Your assignment:
For this exercise, return all the data word for word, with images left out.

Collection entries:
■ ■ ■ ■ ■ ■ ■

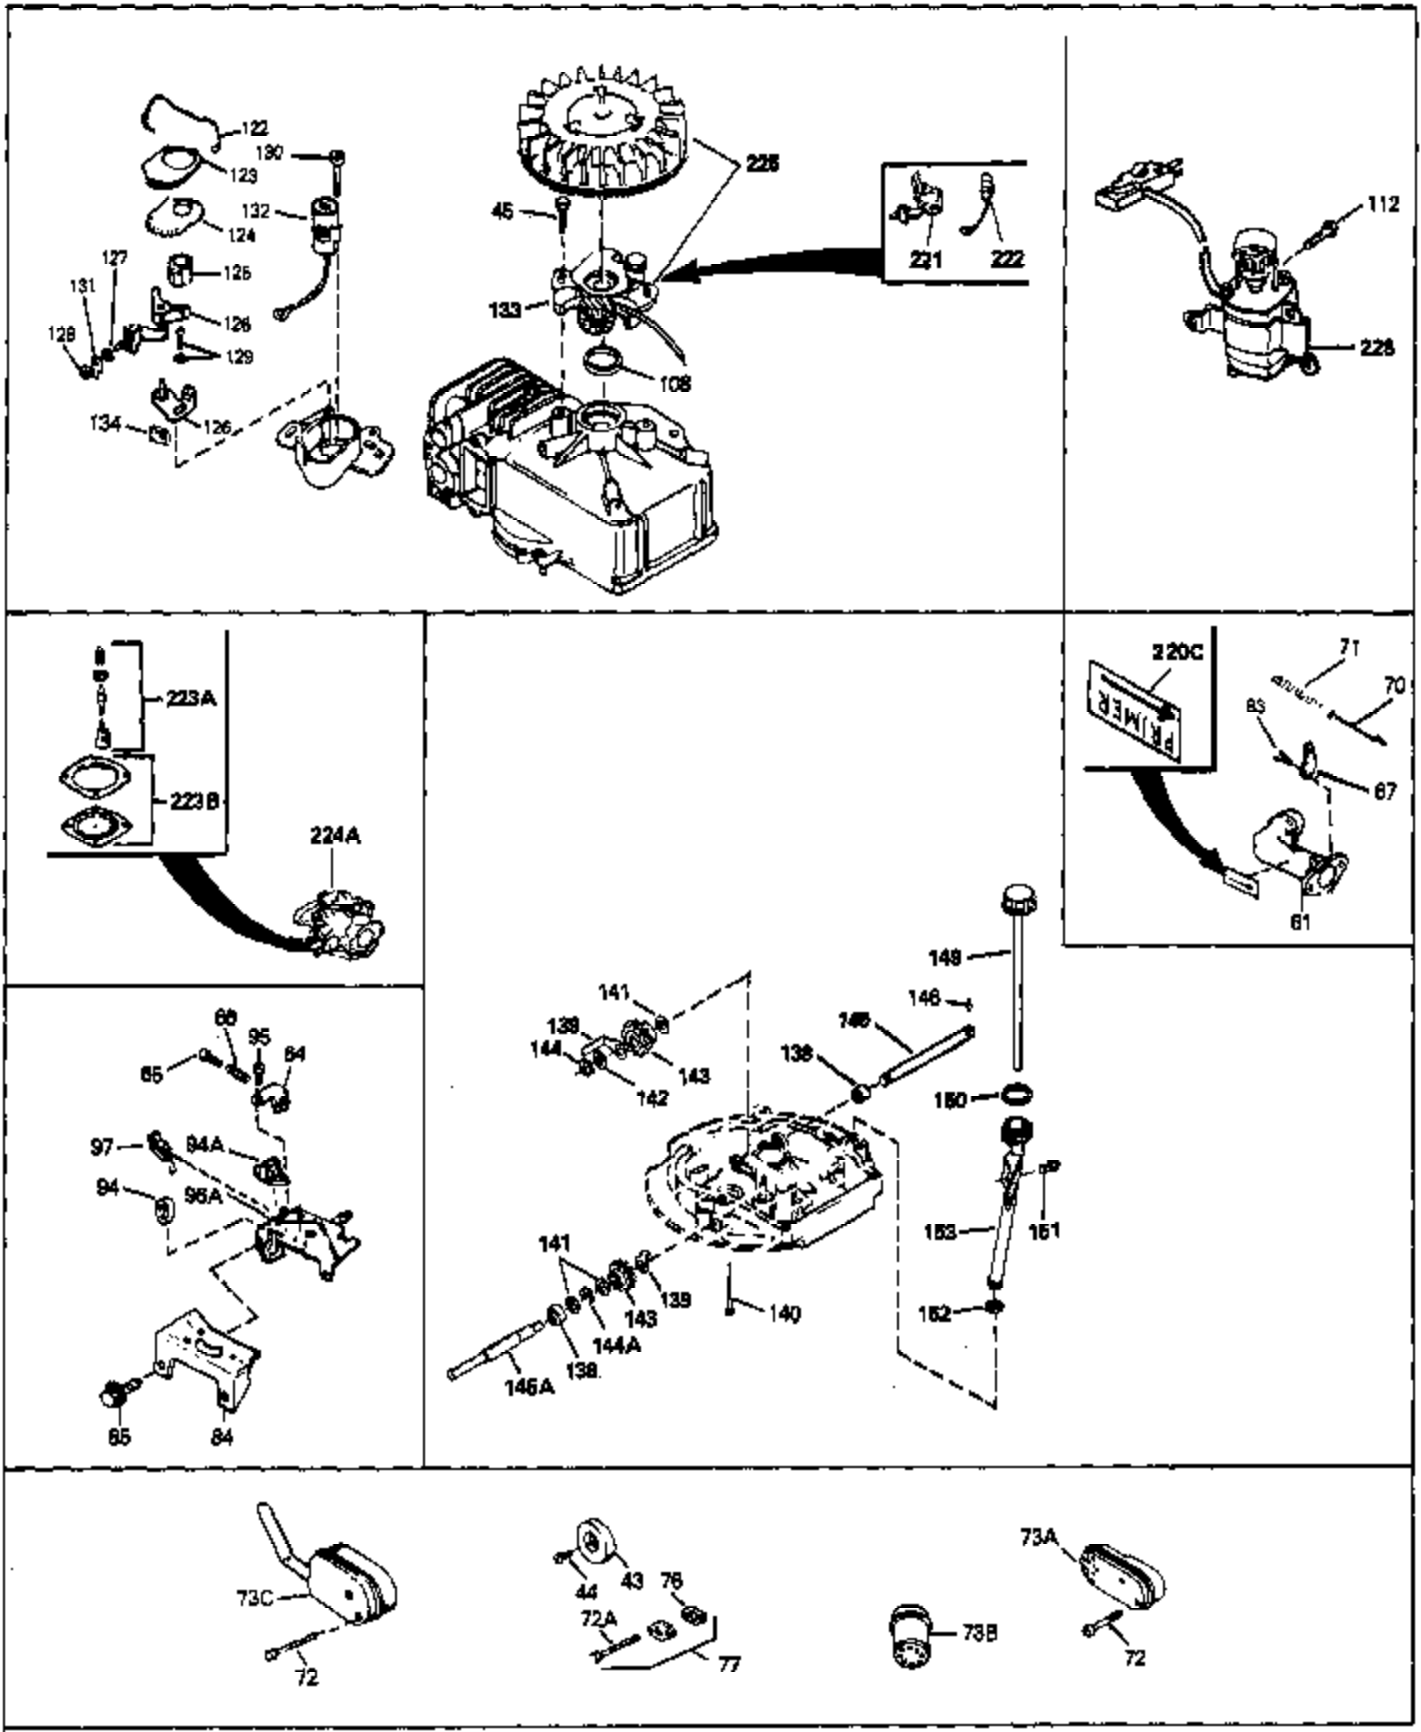

Ref #	Part Number	Qty	Description
	69 650549	0	Screw
	69A 650777	0	Screw, Slotted fil. hd. mach., 6-32 x 7/16
	70 34337	0	Link, Governor spring
	70A 34336	0	Link, Governor-to-throttle
	71 31361	0	Spring, Governor
	72 650774	0	Screw, Hex hd., 1/4-20 x 2-3/8
	72 650795	0	Screw, Hex hd. cap, Sems, 1/4-20 x 2-5/16
	72 650869	0	Screw, Hex hd., 1/4-20 x 2-3/4
	72 792005	0	Screw, Hex hd., 1/4-20 x 2-1/2
	73 27181B	0	Muffler
	80 34432	0	Wire, Ground (Two female & one double male
	81 26756	0	Gasket, Carburetor
	82 29752	0	Nut
	83 6201	0	Screw
	95 30200	0	Screw
	97 610973	0	Terminal Assy.
	98 34367	0	Housing, Blower
	99 650831	0	Screw, Hex washer hd. Powerlok thread,
	100 30200	0	Screw
	102 33032	0	Cap, Fuel filler (Red Plastic) (Spurt
	104 26460	0	Clamp, Fuel line
	105 29774	0	Line, Fuel (Braided 8.25")
	105 30705	0	Line, Fuel (Braided 16")
	105 30962	0	Line, Fuel (Braided 32")
	105 34357	0	Line, Fuel (Epichlorohydrin 6-3/4")
	106 650815	0	Washer, Belleville
	107 650816	0	Nut, Flywheel
	109 34113	0	Plug, Screen
	113 30593	0	Clip, Magneto wire
	121 34431	0	Lamination & Coil Assy.
	121 730207	0	Magneto-to-Solid State Conversion Kit
	136 650814	0	Screw, Hex hd. Sems, 10-24 x 1
	137 611046A	0	Flywheel
	220A 34442A	0	Decal, Instruction
	223 631021	0	Inlet Needle, Seat & Clip Assy.
	224 632053	0	Carburetor
	226 590531	0	Starter, Side mount rewind
	230 33238D	0	Gasket Set

Ref #	Part Number	Qty	Description
41A	0	0	Rivet, Pop (3/16" Dia.)
41A	650735	0	Screw
86	34353	0	Primer Assy.
87	32180C	0	Line, Primer
101B	34369A	0	Tank Assy., Fuel (Charcoal Poly) (1-1/2
102	33032	0	Cap, Fuel filler (Red Plastic) (Spurt
103	28763	0	Screw, Hex washer hd. thread-forming, 10-24
164	32972	0	Cleaner, Air
164A	33168	0	Clamp, Corbin
202	730194	0	Rope Guide Kit

■ ■ ■ ■ ■ ■ ■

Result:
Ref #	Part Number	Qty	Description
	69 650549	0	Screw
	69A 650777	0	Screw, Slotted fil. hd. mach., 6-32 x 7/16
	70 34337	0	Link, Governor spring
	70A 34336	0	Link, Governor-to-throttle
	71 31361	0	Spring, Governor
	72 650774	0	Screw, Hex hd., 1/4-20 x 2-3/8
	72 650795	0	Screw, Hex hd. cap, Sems, 1/4-20 x 2-5/16
	72 650869	0	Screw, Hex hd., 1/4-20 x 2-3/4
	72 792005	0	Screw, Hex hd., 1/4-20 x 2-1/2
	73 27181B	0	Muffler
	80 34432	0	Wire, Ground (Two female & one double male
	81 26756	0	Gasket, Carburetor
	82 29752	0	Nut
	83 6201	0	Screw
	95 30200	0	Screw
	97 610973	0	Terminal Assy.
	98 34367	0	Housing, Blower
	99 650831	0	Screw, Hex washer hd. Powerlok thread,
	100 30200	0	Screw
	102 33032	0	Cap, Fuel filler (Red Plastic) (Spurt
	104 26460	0	Clamp, Fuel line
	105 29774	0	Line, Fuel (Braided 8.25")
	105 30705	0	Line, Fuel (Braided 16")
	105 30962	0	Line, Fuel (Braided 32")
	105 34357	0	Line, Fuel (Epichlorohydrin 6-3/4")
	106 650815	0	Washer, Belleville
	107 650816	0	Nut, Flywheel
	109 34113	0	Plug, Screen
	113 30593	0	Clip, Magneto wire
	121 34431	0	Lamination & Coil Assy.
	121 730207	0	Magneto-to-Solid State Conversion Kit
	136 650814	0	Screw, Hex hd. Sems, 10-24 x 1
	137 611046A	0	Flywheel
	220A 34442A	0	Decal, Instruction
	223 631021	0	Inlet Needle, Seat & Clip Assy.
	224 632053	0	Carburetor
	226 590531	0	Starter, Side mount rewind
	230 33238D	0	Gasket Set

Ref #	Part Number	Qty	Description
41A	0	0	Rivet, Pop (3/16" Dia.)
41A	650735	0	Screw
86	34353	0	Primer Assy.
87	32180C	0	Line, Primer
101B	34369A	0	Tank Assy., Fuel (Charcoal Poly) (1-1/2
102	33032	0	Cap, Fuel filler (Red Plastic) (Spurt
103	28763	0	Screw, Hex washer hd. thread-forming, 10-24
164	32972	0	Cleaner, Air
164A	33168	0	Clamp, Corbin
202	730194	0	Rope Guide Kit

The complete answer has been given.